Piezo for electric guitar

79_limited

Experienced
I saw a live band some time ago where the guitar player had these amazing acoustic tones but was playing through his electric. He also swapped back and forth between acoustic and electric sounds.

How is this done? Addition of a piezo on the electric? I would love to hear if any of you all do this and how you have it setup.
 
I saw a live band some time ago where the guitar player had these amazing acoustic tones but was playing through his electric. He also swapped back and forth between acoustic and electric sounds.

How is this done? Addition of a piezo on the electric? I would love to hear if any of you all do this and how you have it setup.

I've got the Graphtech Floyd Rose on a Carvin CT6 and absolutely love it. This was my first sound test of Rush's "Driven" using both jacks on the guitar and the Fractal Mixer block to blend...



Bill
 
I use a piezo equipped guitar and add a tone match block to mimic my mic'd acoustic. It's pretty funny to see folks do a double take.
 
Anyone who can use a screwdriver and a soldering iron can retrofit an electric guitar with a piezo bridge (look up fishman or graph-tech for active and passive piezo bridges).

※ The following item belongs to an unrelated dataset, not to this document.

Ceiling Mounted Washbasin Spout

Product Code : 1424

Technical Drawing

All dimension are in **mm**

I've retrofitted several guitars with passive piezos already (less work than active piezos as you need no battery cavity ... with some EQing and a multiband compressor you can make them sound almost identical from my experience) and can only recommend doing this on your own.

If you want to avoid any drilling or potential damage to your guitar, I recommend filing a small hole on the bridge pickup mount, then put the wires of the pickup through there. Then add colored insulation for the looks and replace the output jack with a TRS jack.
Check out the post below:
http://forum.fractalaudio.com/lounge/68752-any-experiences-diy-adding-piezo-bridge-2.html#post851791

Takes only several minutes to do, looks great and does no damage to your guitar body at all.

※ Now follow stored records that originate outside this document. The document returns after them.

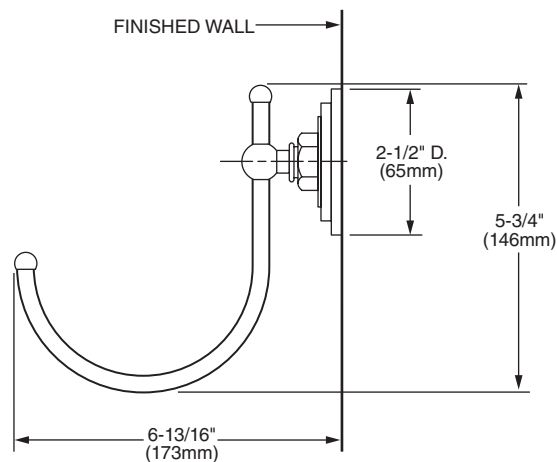

Features:

- Solid Brass Construction
- Concealed Mounting
- Pivot hook allows for hook flush or out from wall

	Product Number
Towel Ring	045/150

Available Finishes:	Finish Code
Polished Chrome	100
Old Bronze	105
Brushed Nickel	144
Platinum Nickel	150
Antique Nickel	444

IMPORTANT: These measurements are subject to change or cancellation. No responsibility is assumed for use of superseded or voided pages.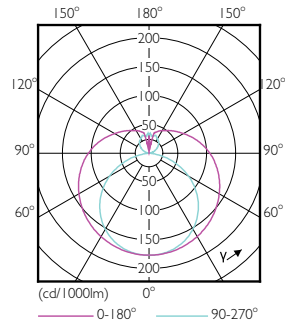

Product Data

Order product name	14T8PRO/48-850/BB18/G 10/1 FB
--------------------	-------------------------------

EAN/UPC - Product	046677477349
Order code	477349
Numerator - Quantity Per Pack	1
Numerator - Packs per outer box	10
Material Nr. (12NC)	929001845704
Net Weight (Piece)	0.210 kg
Model Number	9290018457

Dimensional drawing

A3

Product	D1	D2	A1	A2	A3
14T8PRO/48-850/BB18/G 10/1 FB	25.7 mm	28 mm	1198 mm	1205 mm	1212 mm

TLED IF CorePro 4ft 1800lm 5000K

Photometric data

LEDtube 14W G13 850 ND BB18

LEDtube 14W G13 830 ND BB17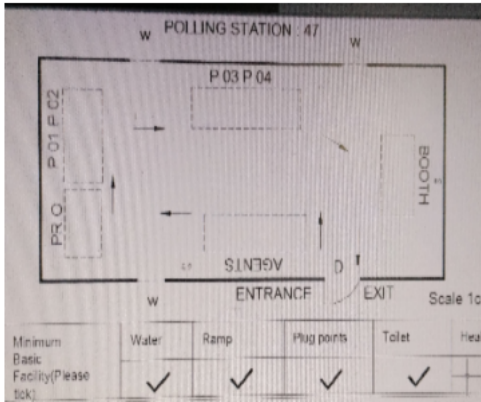

Nazri Naksha

Google Map View

Polling Station Building Front View

Polling Station Front View

Cad View

Key MAP View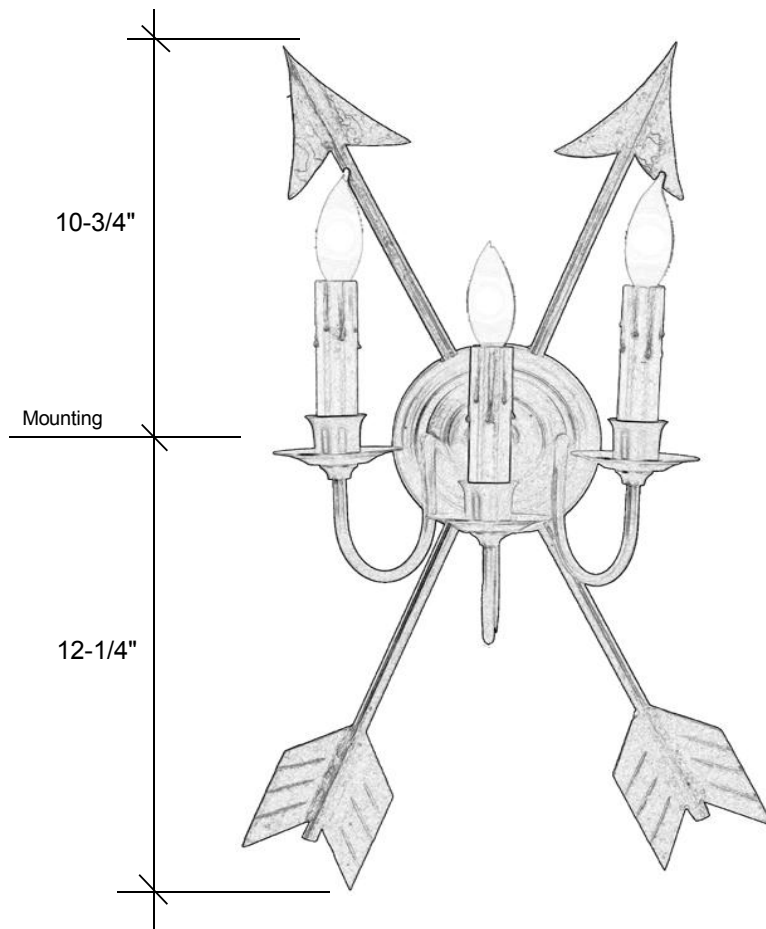

## ARROW STEEL/NAT

23"L x 12.5"W x 6.75"D

This sconce is hand-crafted out of steel and has (3) candelabra sockets that are listed for 60W each. This fixture is intended for interior use only.

### Backplate 6" Rd

Please note the dimensions above are approximate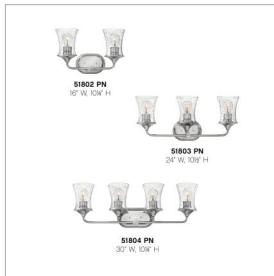

### FOUR LIGHT VANITY

ThistleDown is an updated traditional design with smooth, flowing lines and a practical elegance that adds sophistication to any space.

DETAILS	
FINISH:	Polished Nickel
MATERIAL:	Steel
GLASS:	Clear Seedy
DIMMABLE:	No

DIMENSIONS	
WIDTH:	30"
HEIGHT:	10.3"
WEIGHT:	7.7lb
BACK PLATE:	9"W X 5"H
EXTENSION:	6.3"
TOP TO OUTLET:	8.000000"

LIGHT SOURCE	
LIGHT SOURCE:	Socketed
VOLTAGE:	120v

SHIPPING	
CARTON LENGTH:	32
CARTON WIDTH:	9
CARTON HEIGHT:	14
CARTON WEIGHT:	9.3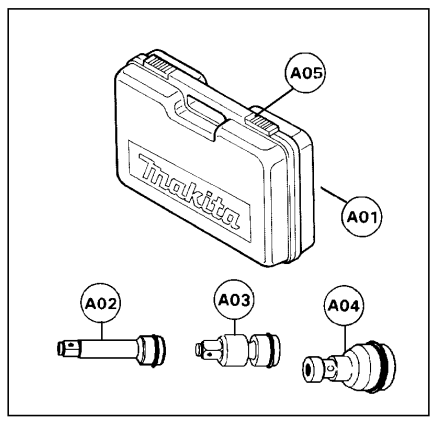

# 1/2" IMPACT WRENCH

# Model 6904VH

Item No.	Part No.	No. Used	Description	Item No.	Part No.	No. Used	Description
1	191910-3	1	Carbon Brush CB-401	30	226108-4	1	Gear Com. 16-38
2	322045-1	1	Clip	31	*	1	Plane Bearing 6
3	213719-4	1	O Ring 62	32	263002-9	1	Rubber Pin 4
4	216011-7	1	Steel Ball 5.6	33	263002-9	1	Rubber Pin 4
5	651556-2	1	Switch	34	687051-6	1	Strain Relief
6	323675-1	1	Pin 4	35	682502-4	1	Cord Guard
7	651261-1	1	Switch	36	664013-1	1	Cord With Plug 2P-18-2.5M
8	*	1	Housing (R)	37	<b>265995-6</b>	2	Tapping Screw 4x18 (Old 265941-9)
9	421382-1	1	Bumper	38	687063-9	1	Strain Relief
10	213257-6	1	Oil Seal 18	39	911148-2	3	P.H. Screw M4x25
11	257623-7	1	Sleeve 18	40	<b>911536-3</b>	7	P.H. Screw M4x20 (Old 911138-5)
12	261089-5	1	Rubber Washer 18	41	*	1	Housing (L) (With Items 32 & 33, Lever Guide 414790-3 & Switch Lever 414789-8)
13	267054-2	1	Flat Washer 18	100	686015-7	2	Receptacle Sleeve
14	322276-2	1	Anvil	101	654069-2	2	Receptacle
15	322459-4	1	Hammer	200	<b>256187-8</b>	1	Pin 4
16	216008-6	25	Steel Ball 4	<b>Accessories</b>			
17	267088-5	1	Flat Washer 28	A01	<b>824439-1</b>	1	Plastic Carrying Case (Includes Item A05)
18	233079-8	1	Compression Spring 30	A02	<b>134874-8</b>	1	Extension Bar 1/2" X 4" (With Item 200)(Old 785201-8)
19	216011-7	1	Steel Ball 5.6	A03	<b>134877-2</b>	1	Universal Joint 1/2" With Item 200) (Old 785205-0)
20	*	1	Spindle Com.	A04	<b>134873-0</b>	1	Bit Adapter Assy (1/2" → 1/4") (Old 134530-0)
21	*	1	Ball Bearing				
22	*	1	Flat Washer				
23	*	1	O Ring				
24	633156-0	1	Field				
25	<b>210025-8</b>	1	Ball Bearing 627LLB (Old 211026-9)				
26	511926-6	1	Armature Assy (Includes Items 25, 27 & 28)				
27	<b>241881-5</b>	1	Fan 52 (Old 241842-5)				
28	211051-0	1	Ball Bearing 609LLB				
29	214017-9	1	Plane Bearing 5				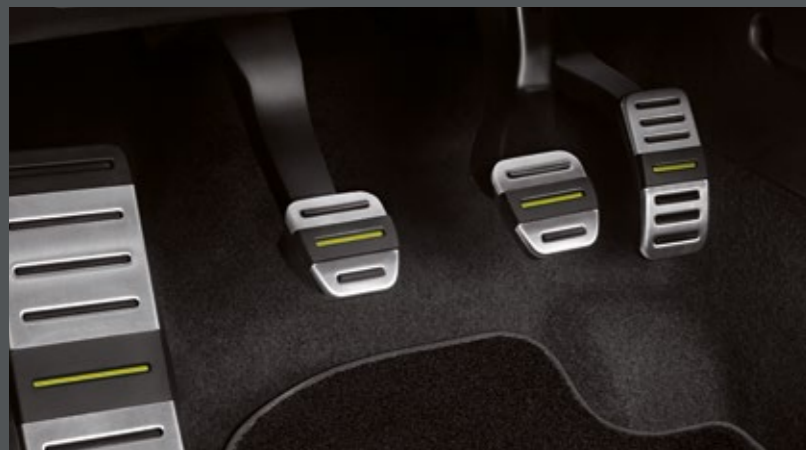

Side sills.

Step up to the plate with custom fitted stainless steel doorsteps on the front doors, adding great value protection to your design. Also available in Silver.

Footrest & pedals.

Dynamic control with pedals and footrests in your style. Also available in Silver. Pedals not available with automatic gearboxes. Features not available for RHD vehicles.

The only thing you should take care of is checking if the bridge is compatible to yours in terms of size (so that the distance between the screws is the same). Check out the specs of the bridge pickup and compare them with measurements on your guitar before buying a piezo bridge. This should more or less be standardized for typical assembly-line guitars, but certain guitar manufacturers might use custom bridges.

The output of passive piezos is stronger than that of magnetic pickups and the piezos also generate much less noise than regular pickups, so you don't have to worry about that aswell. Getting a quality TRS to double-TS cable is a pain in the ass, though (as the Axe doesn't have a stereo input jack). But you can always make them yourself.